Media and Communication Studies After 1989
After the Cold War period and collapse of the bipolar world, the concept of the free press was (re)introduced in the countries of central and eastern Europe (and with some limitation in the former Soviet Union and then in Russia), and the media system in each country was transformed. The fundamental changes and quick and massive development of mass communication, as well as the inspiration coming from western countries, led to increasing interest in studying media and communication. The pre-1989 theoretical and methodological framework of Marxist–Leninist theory and history of journalism was abandoned and journalistic education was transformed. New schools and departments of media studies, media and communication, mass communication, etc. have been established.
There is a plurality of normative and theoretical approaches, mostly based upon the interests and training of people who established media and communication studies as an academic field. In some countries (Hungary, Poland, former Czechoslovakia, and contemporary Czech Republic), a clear distinction has been created between journalism on one hand and (mass) media communication studies and research on the other. Journalism as a part of higher education was transformed into a vocational (skill oriented) training field in many schools, with media and communication study as its academic background. Departments of media studies were established, and not only do research but also develop their own curricula of media studies and produce their own graduates as media and communication experts. New media journals have appeared in many countries.
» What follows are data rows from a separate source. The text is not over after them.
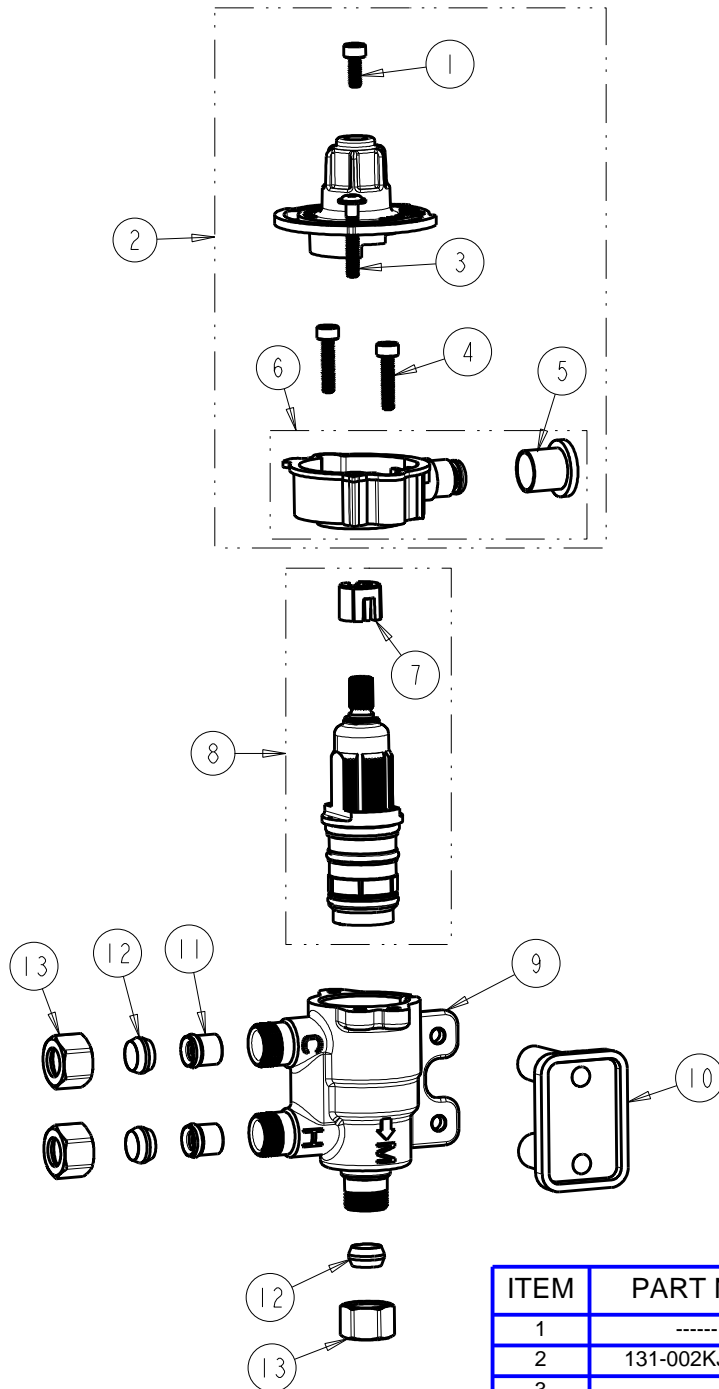

# REPAIR PARTS

BY: JAR      DATE: 05-19-15  
CHK: *JAR*      REV: 04-06-16

FITTING NO.  
131-FMAB  
131-FMABRCF  
SUBMITTED MODEL NO.

ITEM NO.

ITEM	PART NO.	DESCRIPTION
1	-----	HEX SCREW, M4x0.7x10mm
2	131-002KJKNF	KIT, TEMPERATURE CONTROL
3	-----	BONNET HEX SCREW, M4X0.7X30mm
4	-----	BONNET HEX SCREW, M4x0.7x16mm
5	131-003JKNF	SAFETY CAP, FLUSH MODE
6	131-005KJKNF	KIT, BONNET FLUSH MODE
7	-----	KNOB LOCATOR
8	131-XFMJKNF	KIT, CARTRIDGE & KNOB LOCATOR
9	-----	VALVE BODY
10	-----	SPACER
11	550-009JKABNF	CHECK CARTRIDGE ASSEMBLY
12	-----	FERRULE, 3/8 TUBE
13	-----	COMPRESSION NUT, 3/8 TUBE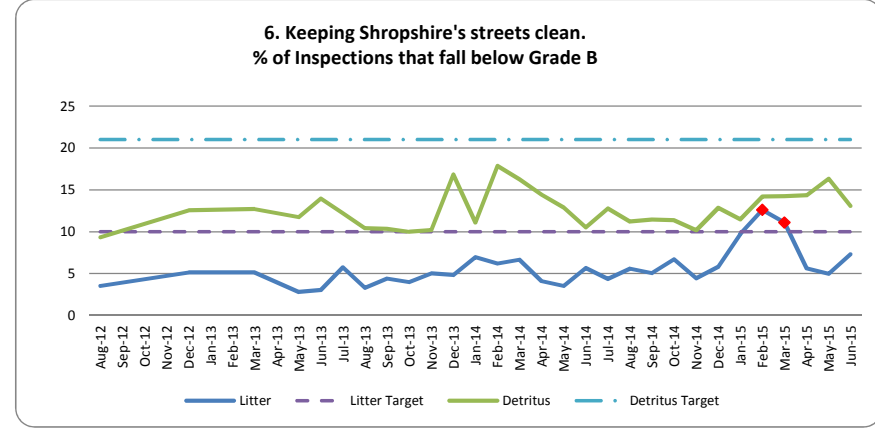

2. Fear of Crime Survey is no longer conducted. Alternative measure to be developed

charts for available indicators reported quarterly

charts for available indicators reported less than quarterly

charts for indicators not currently reported/available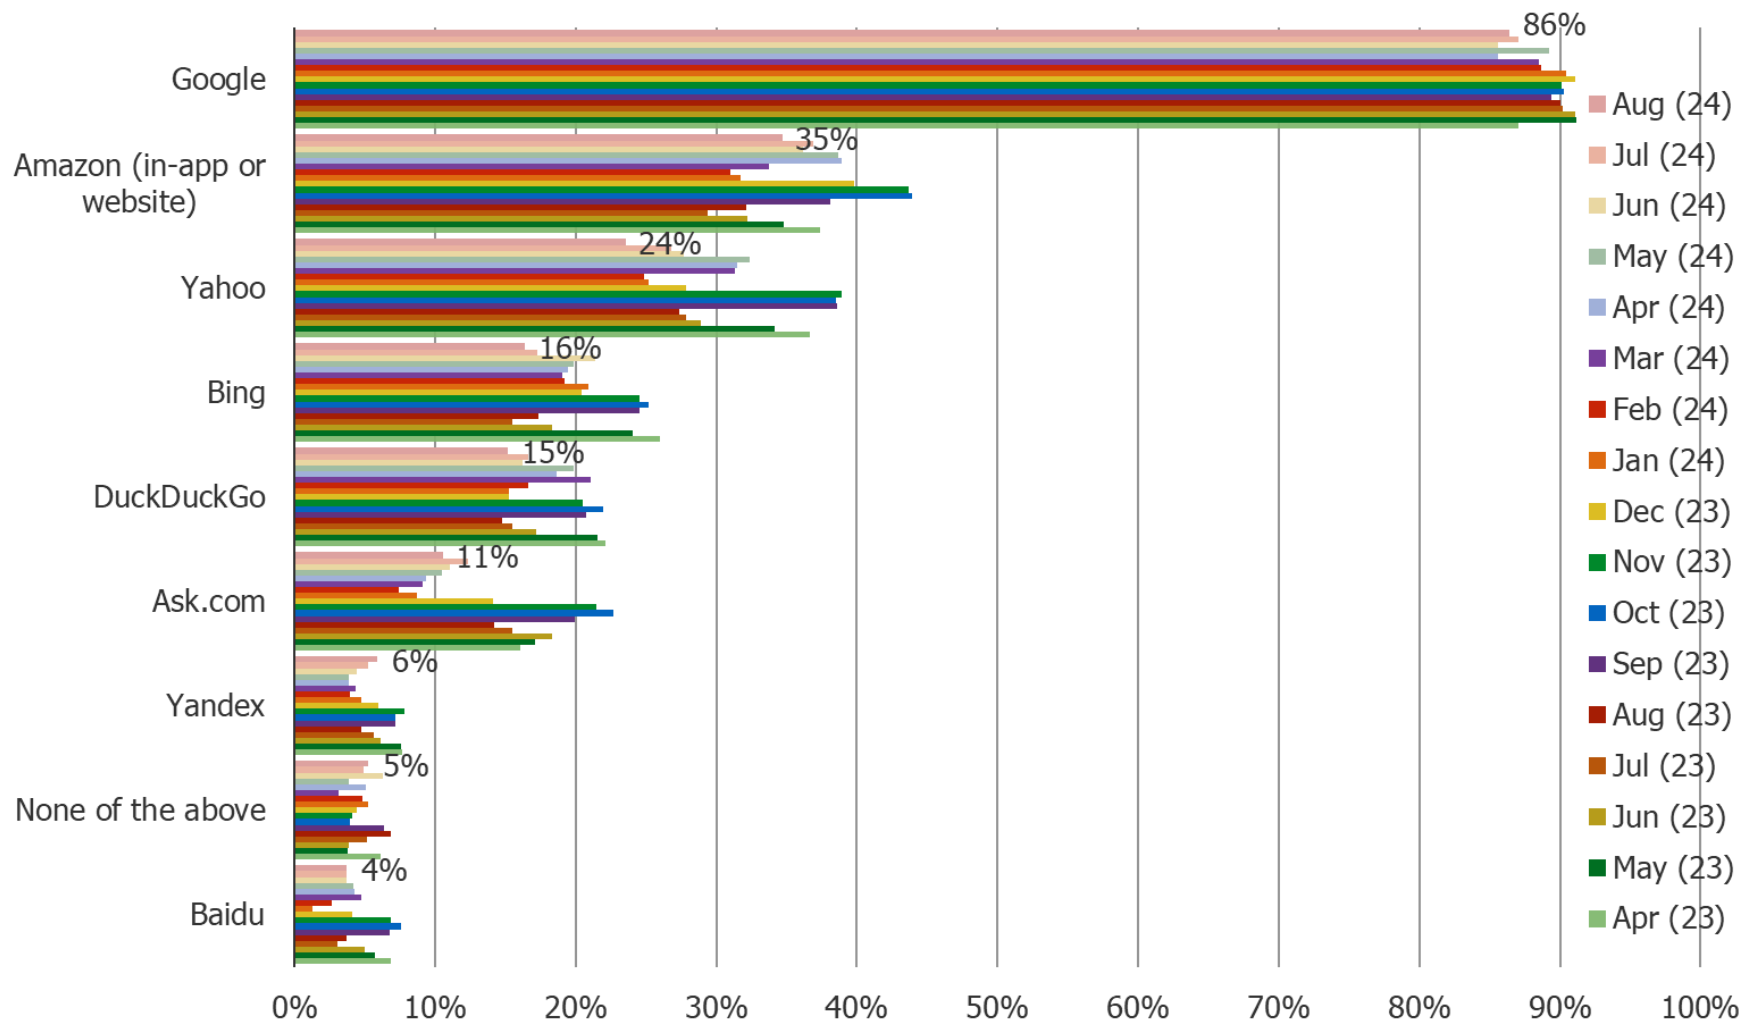

Have you or will you use any of the following today to search on the internet (mobile device or desktop)?

Posed to respondents who said they use ChatGPT regularly (n = 323 completes in August 2024).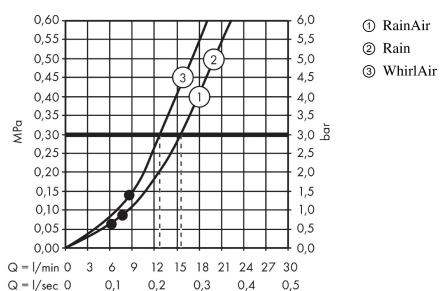

Flowchart

The consumption was measured in combination with the appropriate fittings (thermostat/mixer/ in-wall valve) to reflect actual application in practice.

In other countries (some schools in Slovakia, Russia, etc.), journalism remains an academic field but its content and theoretical framework have changed fundamentally and shifted toward media and mass communication studies, also introducing the concepts of media literacy and media education for the general public as topics of general education.
The interest in interpersonal communication and speech communication has remained nonintegrated and is still mostly connected either with linguistics (especially with studying national languages of nations and states in the region) or with psychology (mostly as an applied or practical set of skills).
References:
- Goban-Klas, T. (1978). Komunikowanie masowe [Mass communication]. Krakow: Osodek badañ prasoznawczych.
- Hudec, V. (1982). Úvod do teorie zurnalistiky [Introduction to the theory of journalism]. Prague: Novinár.
- Kloskowska, A. (1964). Kultura masowa (Krytyka I obrona) [Mass culture (Criticism and defense)]. Warsawa: PWN.
- Malá encyklopédia Ωurnalistiky [A concise encyclopedia of journalism] (1982). Bratislava: Obzor.
- Olson, K. (1966). The history makers: The press of Europe from its beginnings through 1965. Baton Rouge, LA: Louisiana State University Press.
- Szecskö, T. (1983). Communication research and policy in Hungary: Partners in planning. Journal of Communication, 33(3), 96 –102.
- Tolstikova-Mast, Y., & Keyton, J. (2002). Communicating about communication: Fostering the development of the communication discipline in Russia. In I. N. Rozina (ed.), Theory of communication and applied communication, Bulletin of Russian Communication Association, issue Rostov-on-Don: Institute of Management, Business and Law Publishing, pp. 119 –134.
- Zassoursky, Y. N., & Vartanova, E. (1998). Changing media and communications. Moscow: Faculty of Journalism/ICAR.